Terabytes Per Second Mebibytes Per Second
0.1 TB/s 95,367.43164063 MiB/s
0.5 TB/s 476,837.15820313 MiB/s
1 TB/s 953,674.31640625 MiB/s
5 TB/s 4,768,372 MiB/s
10 TB/s 9,536,743 MiB/s
25 TB/s 23,841,858 MiB/s
50 TB/s 47,683,716 MiB/s
100 TB/s 95,367,432 MiB/s
250 TB/s 238,418,579 MiB/s
500 TB/s 476,837,158 MiB/s
1,000 TB/s 953,674,316 MiB/s

💡 Storage Engineer Tip

Both units measure throughput. NVMe SSDs can reach 3+ GB/s, SATA SSDs max at ~0.5 GB/s, and typical HDDs do 100-200 MB/s.

— Subash Geetha Krishnan, 15+ years in enterprise storage & networking

When to Convert TB/s to MiB/s

Common scenario: Comparing throughput rates for storage benchmarks and transfer calculations.
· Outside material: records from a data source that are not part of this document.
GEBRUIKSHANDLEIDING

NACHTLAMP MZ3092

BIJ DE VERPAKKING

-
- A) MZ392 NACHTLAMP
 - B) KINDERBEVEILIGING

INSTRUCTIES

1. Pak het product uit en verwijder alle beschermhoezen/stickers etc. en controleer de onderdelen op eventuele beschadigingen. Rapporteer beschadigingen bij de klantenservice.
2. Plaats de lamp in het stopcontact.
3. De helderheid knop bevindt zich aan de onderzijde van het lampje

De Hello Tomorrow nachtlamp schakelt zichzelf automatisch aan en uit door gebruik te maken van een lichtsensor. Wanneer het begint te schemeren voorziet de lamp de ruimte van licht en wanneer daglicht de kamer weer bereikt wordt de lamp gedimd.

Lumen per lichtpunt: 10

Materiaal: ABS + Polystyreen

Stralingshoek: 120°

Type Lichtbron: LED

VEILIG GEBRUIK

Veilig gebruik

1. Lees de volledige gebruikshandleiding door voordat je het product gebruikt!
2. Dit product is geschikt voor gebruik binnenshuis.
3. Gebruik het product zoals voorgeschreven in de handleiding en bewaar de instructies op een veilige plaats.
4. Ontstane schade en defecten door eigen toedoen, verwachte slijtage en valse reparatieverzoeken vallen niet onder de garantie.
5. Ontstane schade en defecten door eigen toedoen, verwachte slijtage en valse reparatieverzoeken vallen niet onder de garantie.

You might also need: convert Terabytes Per Second to Exbibits Per Second.

Other situations include ISP speed verification for checking if you're getting advertised speeds, network planning for sizing links and capacity, backup window calculations for estimating transfer times, and replication sizing for disaster recovery planning. You might also need: converting Gigabits Per Second to Mebibytes Per Second.